Drinnon contends that the Japanese American internment camp and the American Indian termination policies "had deep roots in our traditional racism that made them [like Myer] as American as the Stars and Stripes." He thus traces the institutional threads which tied the Japanese-hating 1940s to the Indian-hating past.

A case in point is California, where hordes of whites had rushed when gold was discovered there in 1849. The Modoc, one of 100 native tribes in a state first "settled" by the Spanish, learned "that his life was not worth much and that he had no rights the white man was bound to respect." Following the Modoc War of 1872-1873, the Modoc patriot Kintpuash, or Captain Jack, was executed by hanging and buried. His body was soon "dug up, embalmed, and exhibited at carnivals before being shipped to the US Army Medical Museum in Washington, D.C.


"For understanding the historical reach of the later terror at Tule Lake," Drinnon continues, "it matters that the most infamous of the WRA [War Relocation Authority] camps was on what had been Modoc land." During World War II, Tule Lake was the site of a relocation camp mainly for Japanese Americans who Myer called "trouble-makers" and "agitators" -- by which he meant those who had not given the desired answers on a special loyalty questionnaire.
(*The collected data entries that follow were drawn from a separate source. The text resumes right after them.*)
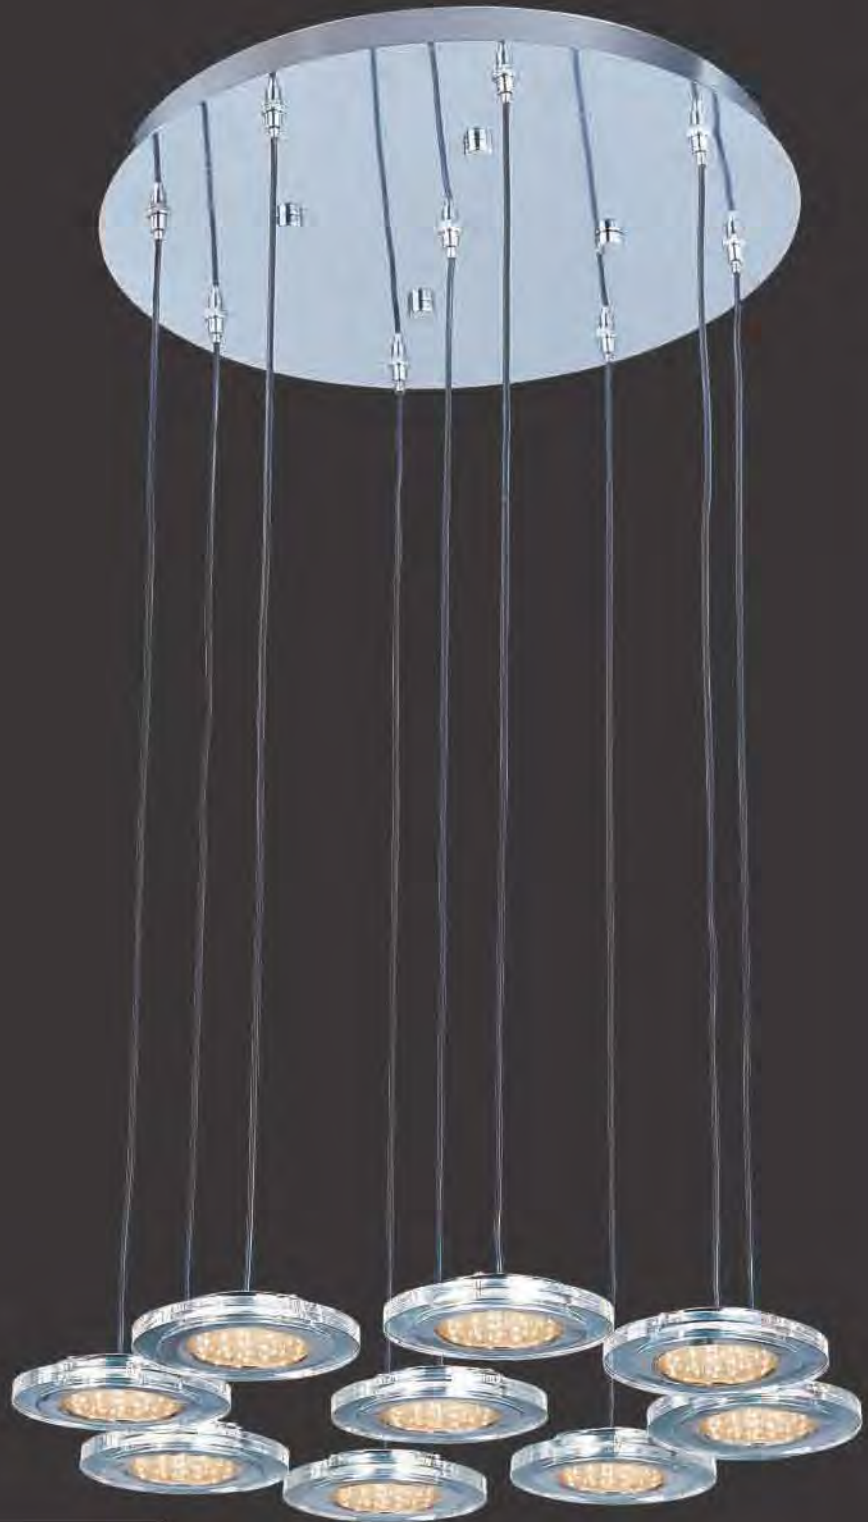

E30077-18	
9-Light Pendant	
Finish: Chrome Glass: Clear Acrylic	
Min OA: 12" Max OA: 125"	
9 x 1.25W LED LED (Incl) • 3000° K • 50,000 Hours • 885 Total Lumens • 70 CRI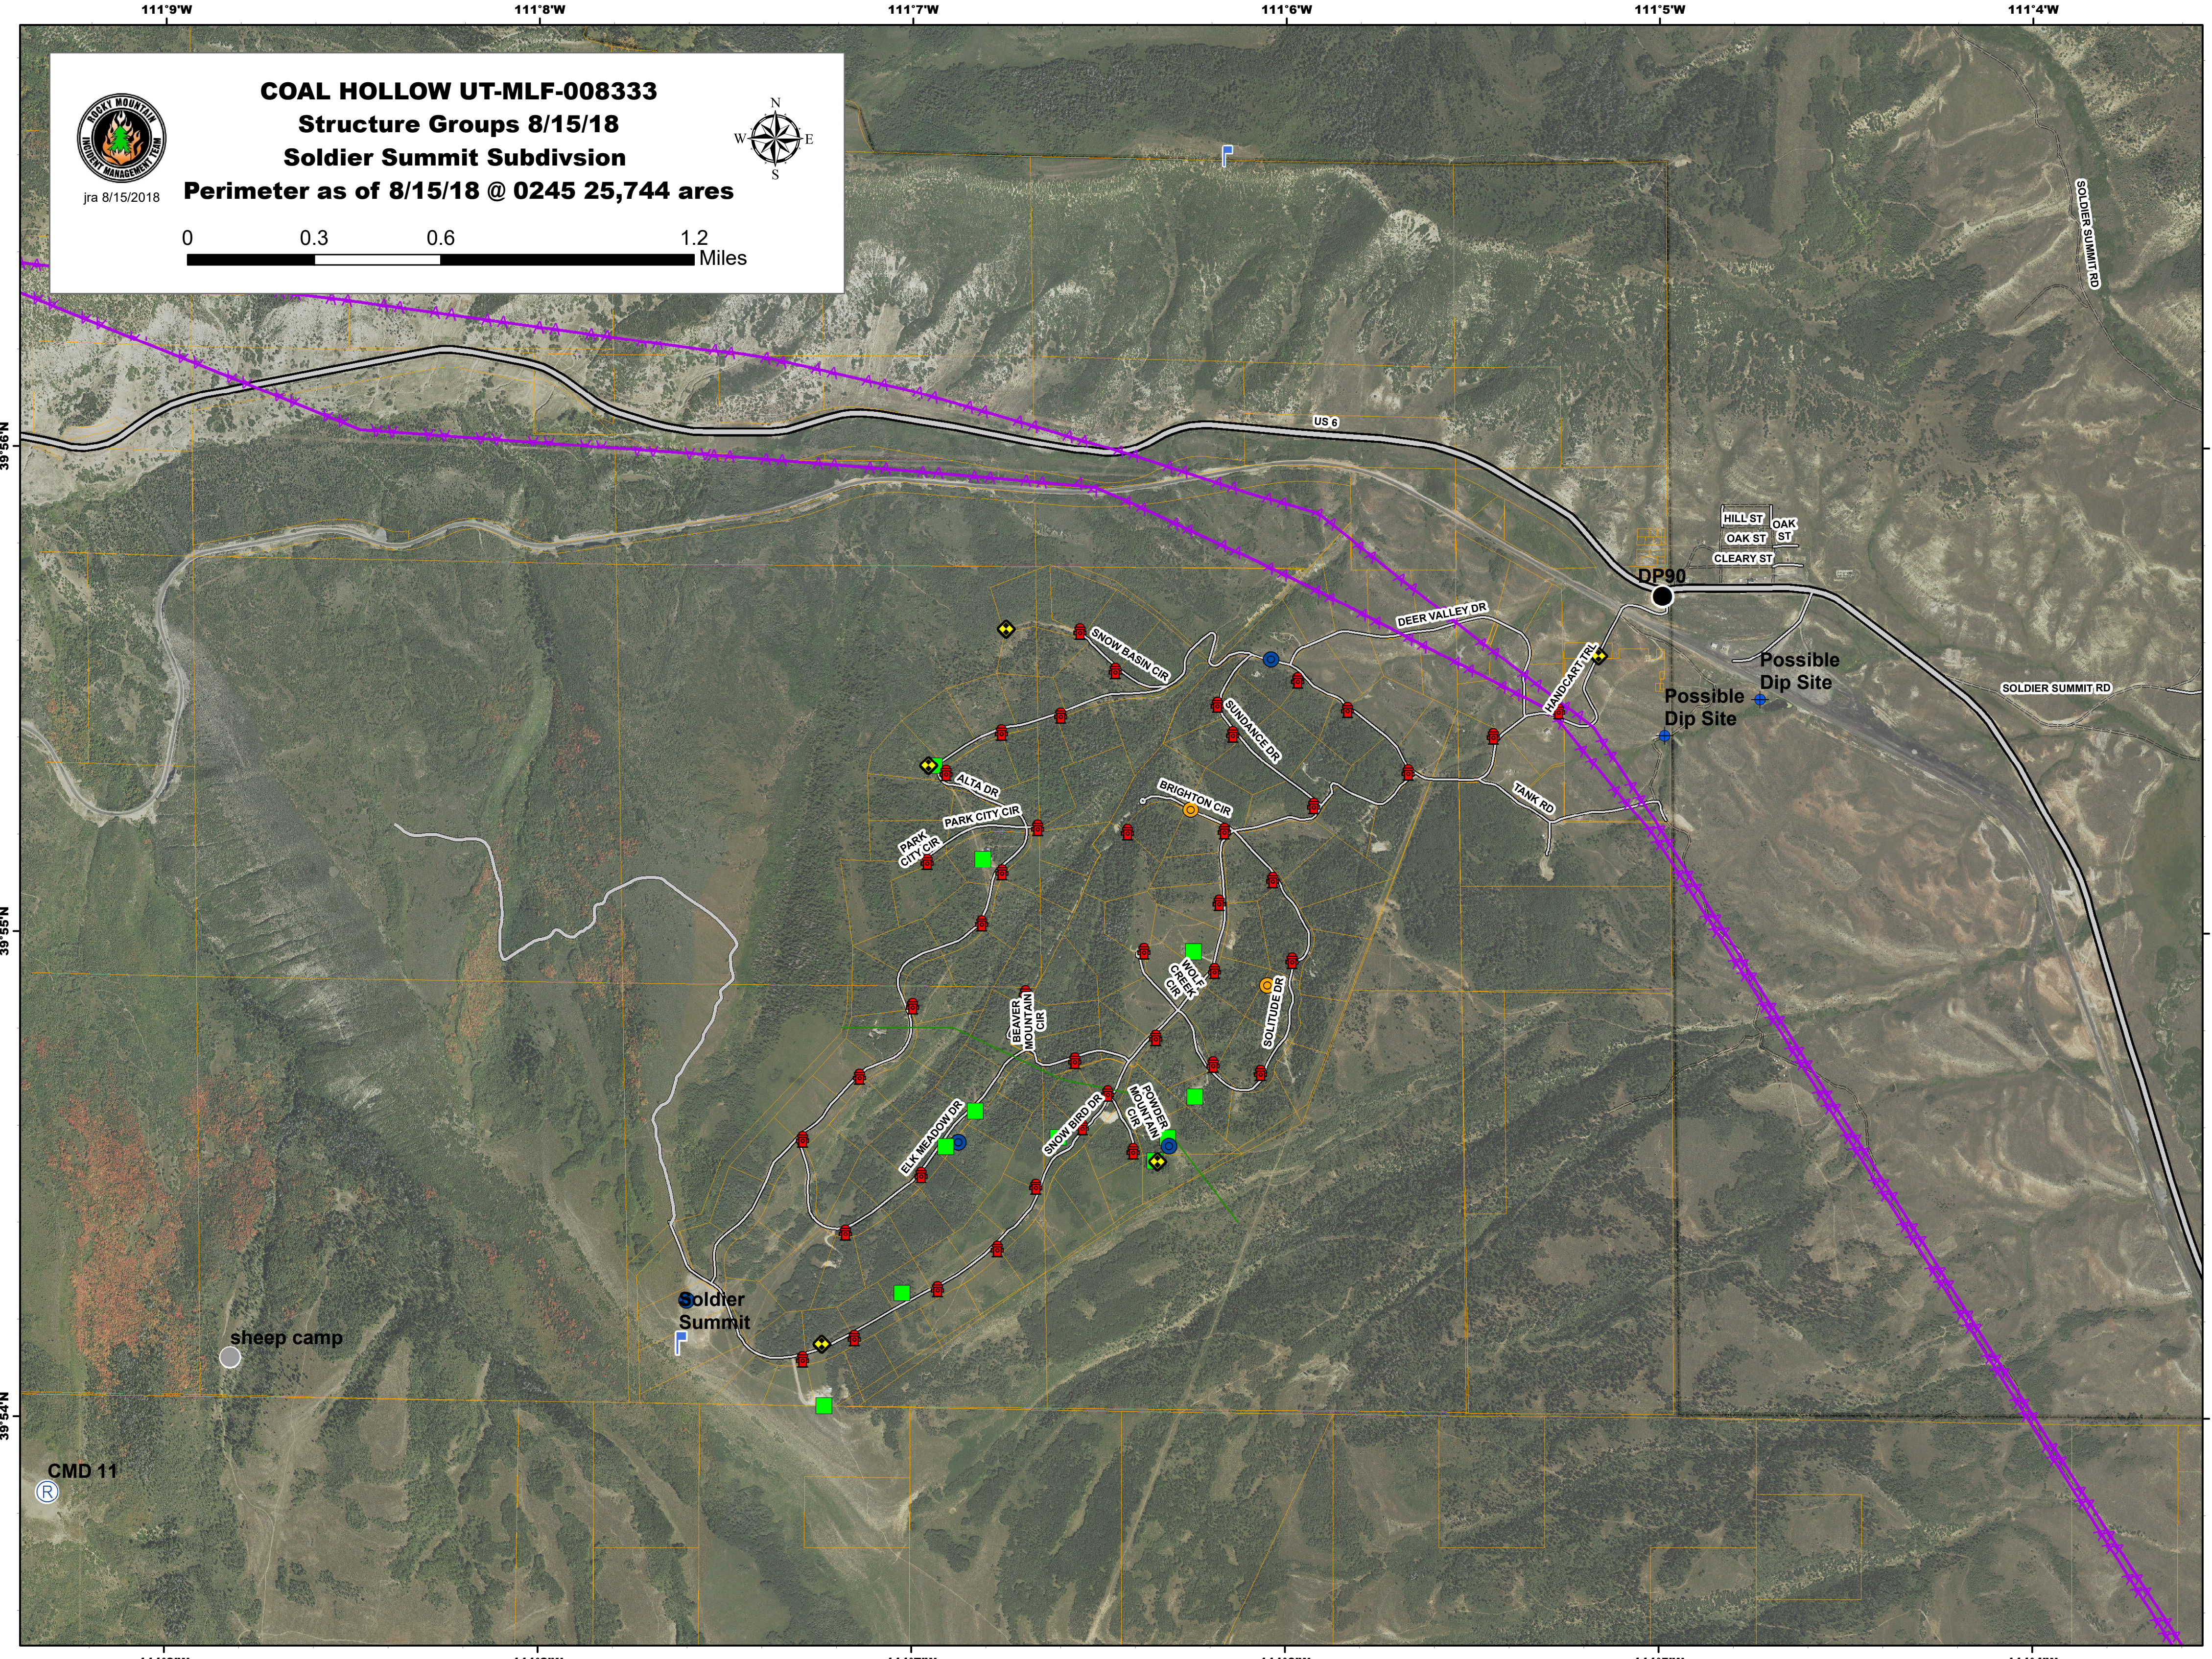

jra 8/15/2018

COAL HOLLOW UT-MLF-008333

Structure Groups 8/15/18

Soldier Summit Subdivision

Perimeter as of 8/15/18 @ 0245 25,744 ares

sheep camp

Soldier Summit

DP90

Possible Dip Site

Possible Dip Site

CMD 11

Drinnon believes that Myer's biography offers important insights into the grey, dull character of American racism. "Normality personified, Myer was emphatically not a monster and not even an interesting villain and therein lies a difficulty." To wit, how to detach "the man from the similarly colored background to which he cleaved" and then to establish his "responsibility for his actions."

Adolf Hitler and Joseph Stalin were

easily identifiable villains of stature commensurate with their crimes against humanity. No longer the transgressions of exceptionally cruel individuals, evil has been bureaucratised by the 20th century state and made the charge of relatively faceless administrators, small in character and comprehension. In the West, in the East, and in the Third World, natty figures in suits or uniforms have carried out monstrous suppressions, uprootings, and scatterings without entering the pages of history as striking despots.

As head of the relocation camps and then of Indian affairs,

Myer was director and commissioner of twin calamities. His career enables us to bring together vast bodies of evidence on the treatment of Native Americans and of Japanese Americans -- materials too often studied separately -- and trace these to their common matrix.

Drinnon claims that "racism" is difficult to define. He then defines it as "habitual practice by a people of treating, feeling and viewing physically dissimilar peoples -- identified as such by skin colour and other shared hereditary characteristics -- as less than persons."

Such emphasis on physical differences serves little purpose. The same visceral contempt is commonly expressed in ethnic discrimination between members of the same nominal "race" in Drinnon's biologically-limited sense of the word.

This critical book is not a merciless attack on Myer as a racist individual, but is instead a well-documented analysis of how racism has been expressed in US domestic policy by ordinary civil servants who have done wrong while personally convinced they were doing good. Drinnon believes that his study confirms Hannah Arendt's insights into "the banality of evil".

But is also proves that new flesh can be put on an old skeleton in America's immigrant closet: the wartime camps for citizens whose only crime was to be of Japanese ancestry. And it is timely, as Japan-US relations start to chill again. Trade friction, and Prime Minister Yasuhiro Nakasone's remark that Japan is a more "intelligent society" than the US because the latter has Hispanic and Black minorities, have brought Americans of Japanese descent an undeserved backlash from compatriots of all colours who mistake them for the "enemy" in Japan.